▶ _What is required_
In the records that follow, find each line containing "CODICE" and copy it.

▶ _Recorded data_
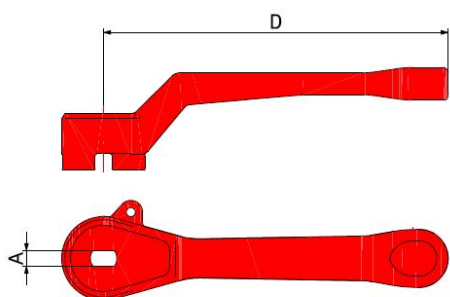

Accessori

LEVA ALLUMINIO ROSSA

02R

- Leva in alluminio per valvole a sfera con foro per piombatura

IMPIEGO CODICE: 76010204R490

7600	1/4" - 3/8" - 1/2" - 3/4"
7605	3/8" - 1/2" - 3/4"
7615	1/2" - 3/4"
7645	1/2" - 3/4"
7750	1/2" - 3/4"
7951	3/8"

IMPIEGO CODICE: 79510204R490

7750	1"
7951	1/2" - 3/4"
7957	1/2" - 3/4"

IMPIEGO CODICE: 76000208R491

7600	1" - 1.1/4"
7605	1" - 1.1/4"
7615	1" - 1.1/4"
7645	1" - 1.1/4"
7951	1"
7957	1"

IMPIEGO CODICE: 76000210R491

7600	1.1/2" - 2"
7605	1.1/2" - 2"
7615	1.1/2" - 2"
7645	1.1/2" - 2"
7951	1.1/4" - 1.1/2" - 2"
7957	1.1/4" - 1.1/2" - 2"

IMPIEGO CODICE: 76400215R490

7951	2.1/2" - 3" - 4"
------	------------------

MISURE

	D=95 ASOLA 4	D=95 ASOLA 6	D=120 ASOLA 6	D=150 ASOLA 8	D=240 ASOLA 14x16
CODICE	76010204R490	79510204R490	76000208R491	76000210R491	76400215R490

▶ _Response area_
IMPIEGO CODICE: 76010204R490
IMPIEGO CODICE: 79510204R490
IMPIEGO CODICE: 76000208R491
IMPIEGO CODICE: 76000210R491
IMPIEGO CODICE: 76400215R490
CODICE	76010204R490	79510204R490	76000208R491	76000210R491	76400215R490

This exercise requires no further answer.